We also examined the association between the haplotypes of the 10 genes with multiple SNPs and the risk of biliary stones and cancers. Among population controls, linkage disequilibrium (LD) between these loci was assessed by calculating pariwise Lewontin’s D’ and r2 using Haploview version 3.11 (16). The logistic regression with haplotypes was similar to that with single SNPs. We used the most common haplotype as the referent and estimated the OR and 95% CI for other haplotypes relevant to this referent. To circumvent the challenge of phase ambiguity, which is a special missing data issue in that the haplotype phase is missing, we employed the method described by Schaid et al (17) implemented in the haplo.stat package in R. This approach uses an Expectation-Maximization algorithm to account for the phase ambiguity and permits modeling of the association of haplotypes, as well as haplotype-environment interactions, with continuous and discrete outcomes (17). It also allows testing of global differences in haplotype frequencies between cases and controls. Only those haplotypes with frequencies above 1% were included in our analysis.

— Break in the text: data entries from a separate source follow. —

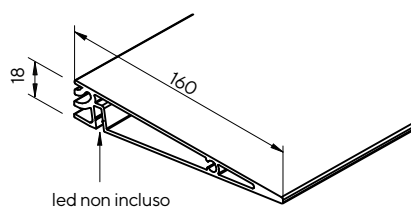

4 Mensola (art. 6621) con sede led

U.M. U.M.	Codice Code	Prezzo Price
mtl lmt	max 120 9987046651	-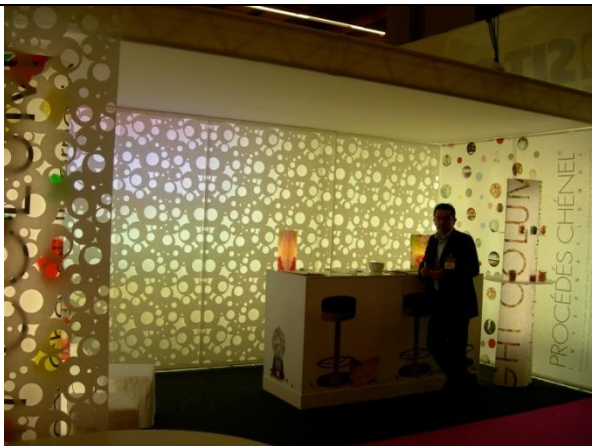

От 45 евро
/м2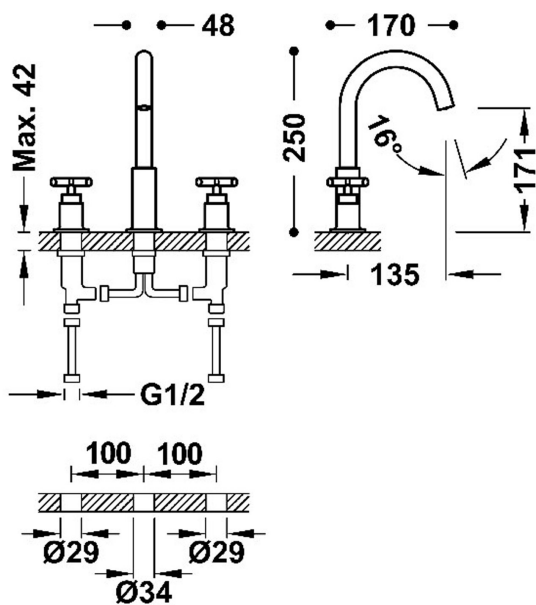

THE WATER EFFECT

www.tresgriferia.com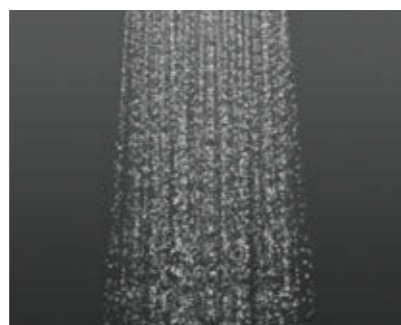

REŽIM JET

Intenzivní kruhové trysky produkující osvěžující proud vody. Hodí se obzvláště pro stimulaci pokožky nebo čištění vany či sprchového koutu.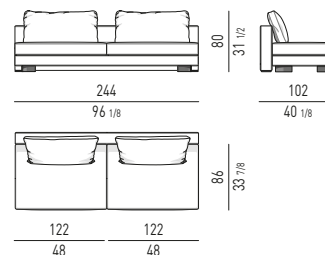

DIVANI ANGOLARI | CORNER SOFAS

DIVANO ANGOLARE CM 198
CORNER SOFA CM 198

DIVANO ANGOLARE CM 218
CORNER SOFA CM 218

ELEMENTI DAYBED | DAYBED ELEMENTS

DIVANO ANGOLARE CM 260
CORNER SOFA CM 260

ELEMENTO DAYBED CM 198
DAYBED ELEMENT CM 198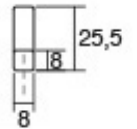

0452 - 128

0452 - 192 / 320 / 480 / 1120

0452 - 992

Шифра	C <sub>1</sub> /mm	C <sub>2</sub> /mm	L/mm	Материјали	Финиш	Цена
90630	128	-	160	железо	мат бела	239 ден.
90632	192	-	240	железо	мат бела	293 ден.
90634	320	-	400	железо	мат бела	392 ден.
90636	192	480	600	железо	мат бела	499 ден.
90638	192	992	1040	железо	мат бела	899 ден.
90640	192	1120	1150	железо	мат бела	993 ден.
90631	128	-	160	железо	мат црн	242 ден.
90633	192	-	240	железо	мат црн	299 ден.
90635	320	-	400	железо	мат црн	395 ден.
90637	192	480	600	железо	мат црн	509 ден.
90639	192	992	1040	железо	мат црн	904 ден.
90641	192	1120	1150	железо	мат црн	998 ден.
90798	128	-	160	железо	металик сива	275 ден.
90799	192	-	240	железо	металик сива	335 ден.
90800	320	-	400	железо	металик сива	428 ден.
90801	192	480	600	железо	металик сива	545 ден.
90988	192	992	1040	железо	металик сива	945 ден.
90889	192	1120	1150	железо	металик сива	1.055 ден.
91196	128	-	160	железо	металик кафена	337 ден.
91198	192	-	240	железо	металик кафена	385 ден.
91199	320	-	400	железо	металик кафена	548 ден.
91201	192	480	600	железо	металик кафена	630 ден.
91846	192	992	1040	железо	металик кафена	945 ден.
91845	192	1120	1150	железо	металик кафена	1.055 ден.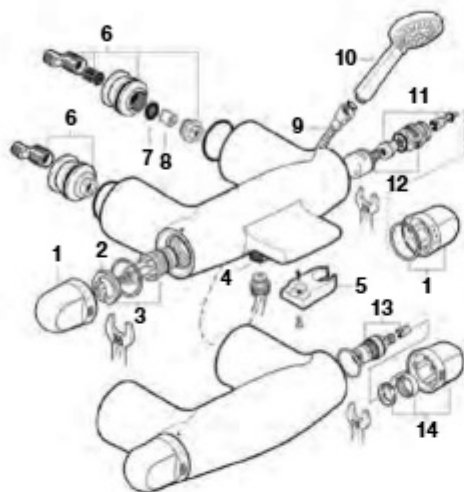

T-5000 (Panama)

Torneira termostática para banho-duche e duche

A5A1108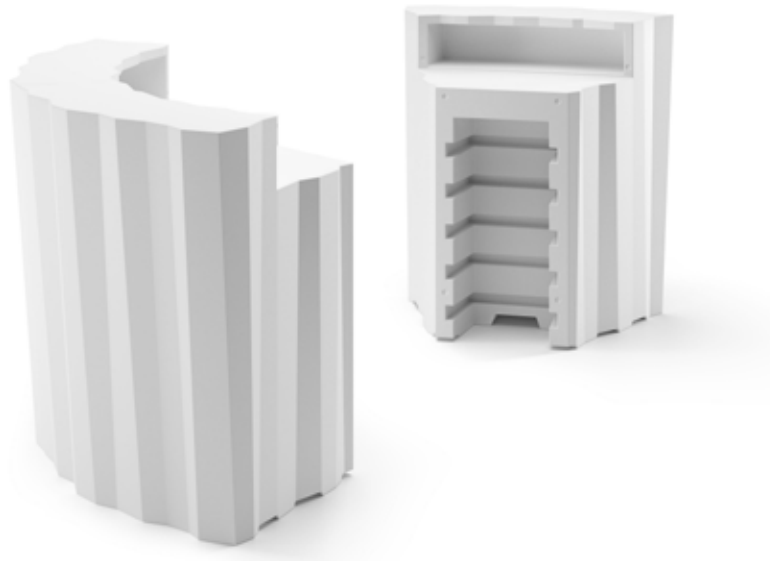

frozen corner

design Matteo Ragni +
Maurizio Prina

ESTRUCTURA

PE - Polietileno
color básico

6309

PESO BRUTO:

kg 39,4

DETALLES:

Patas regulables
Kit de fijación

COMPLEMENTOS:

A4526

Parte superior

A4529

Kit repisa

A4409

Kit 4 ruedas

A4656

Sistema de fijación en el
suelo

A4601

Kit de arena seca

frozen corner light

design Matteo Ragni +
Maurizio Prina

ESTRUCTURA

PE - Polietileno
color básico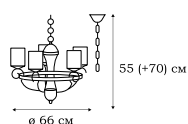

FORT

В этой коллекции светильников главное – стекло необыкновенной фактуры. Плафоны в форме колокольчиков укреплены на изящной кованой armатуре. Светильники GELA подходят для интерьеров как в классическом, так и в современном стиле.

L50305.46

L50321.46

L50352.46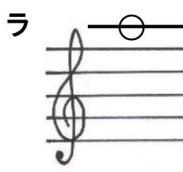

## G管用

下表は基本的なオカリナの運指表です。●は押さえる穴を示してます。また表記の階名はG管の場合の音程です。オカリナによっては運指が若干異なる場合もございますので、うまくいかない場合は当店までお問合せください。

⇒ ⇒ ⇒  
 高い「ソ」以上の半音は、右のような指押さえでも同じ音を出すことができます。

■お問い合わせ■

株式会社 **テレマン** 楽器

〒671-2575

兵庫県宍粟市山崎町山田 180-3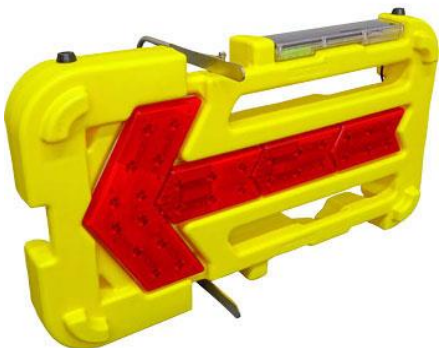

**KYプラガード**

- 重量 約2.05Kg

**キャラバリケード(頑張郎)**

- 樹脂製クランプ仕様で設置が容易
- 重量 1.6Kg

**KYライン**

- 鋼製単管に比べ軽い
- 衝撃により折れ曲がるので安全
- KK-090022-V

**キャラバリケード(きつね)**

- 750 × 420 × 40mm
- 重量 2.0Kg

**単管用おもし**

- 水のように凍る心配が無い
- 重量 約8Kg

**KYおもし3**

- ゴム素材
- 重量 10Kg

**マルチコーン**

- コーン+立体矢印表示

セフティコーン

- 高さ 700mm
- 重量 3Kg

トラフィックコーン(重量タイプ)

- 高さ 700mm
- 重量 4.5Kg
- KT-120030-A

コーンベツト

- ゴム素材
- 2Kg

コーンバー

- 34mmφ × 2m(ゴム)

フラッシャーパネル(白地)

- LED赤30個
- 単一電池2本
- 約30時間点灯

フラッシャーパネル(枠付き)

- LED赤30個
- 単一電池2本
- 約30時間点灯

ソーラーユニット(枠付に対応)

- ソーラーパネル4W
- 無日照動作 約3日

ソーラー式LED矢印板

- 単一電池2本
- 無日照 約5日
- 乾電池 約90時間
- ソーラーと乾電池のハイブリット

LEDマルチアロー

- 全点滅/流動(夜間自動)
- マンガン電池で72時間

Selected characteristics of the study subjects are shown in Table 2. As expected, the majority of gallbladder cancer (72.6%) and biliary stone (62.1%) cases were women, while slightly more than half of bile duct (59.8%) and ampulla of Vater (51.1%) cancers were men. Compared with controls, biliary stone cases were younger. Compared to controls, smoking was more common in gallstone cases, while more bile duct and ampulla of Vater cancer cases were smokers. Gallbladder cancer and biliary stone cases were less likely to drink alcohol but had a higher BMI and were more likely to be diabetic than controls. For all three cancer types, cases were significantly more likely to have gallstones than controls.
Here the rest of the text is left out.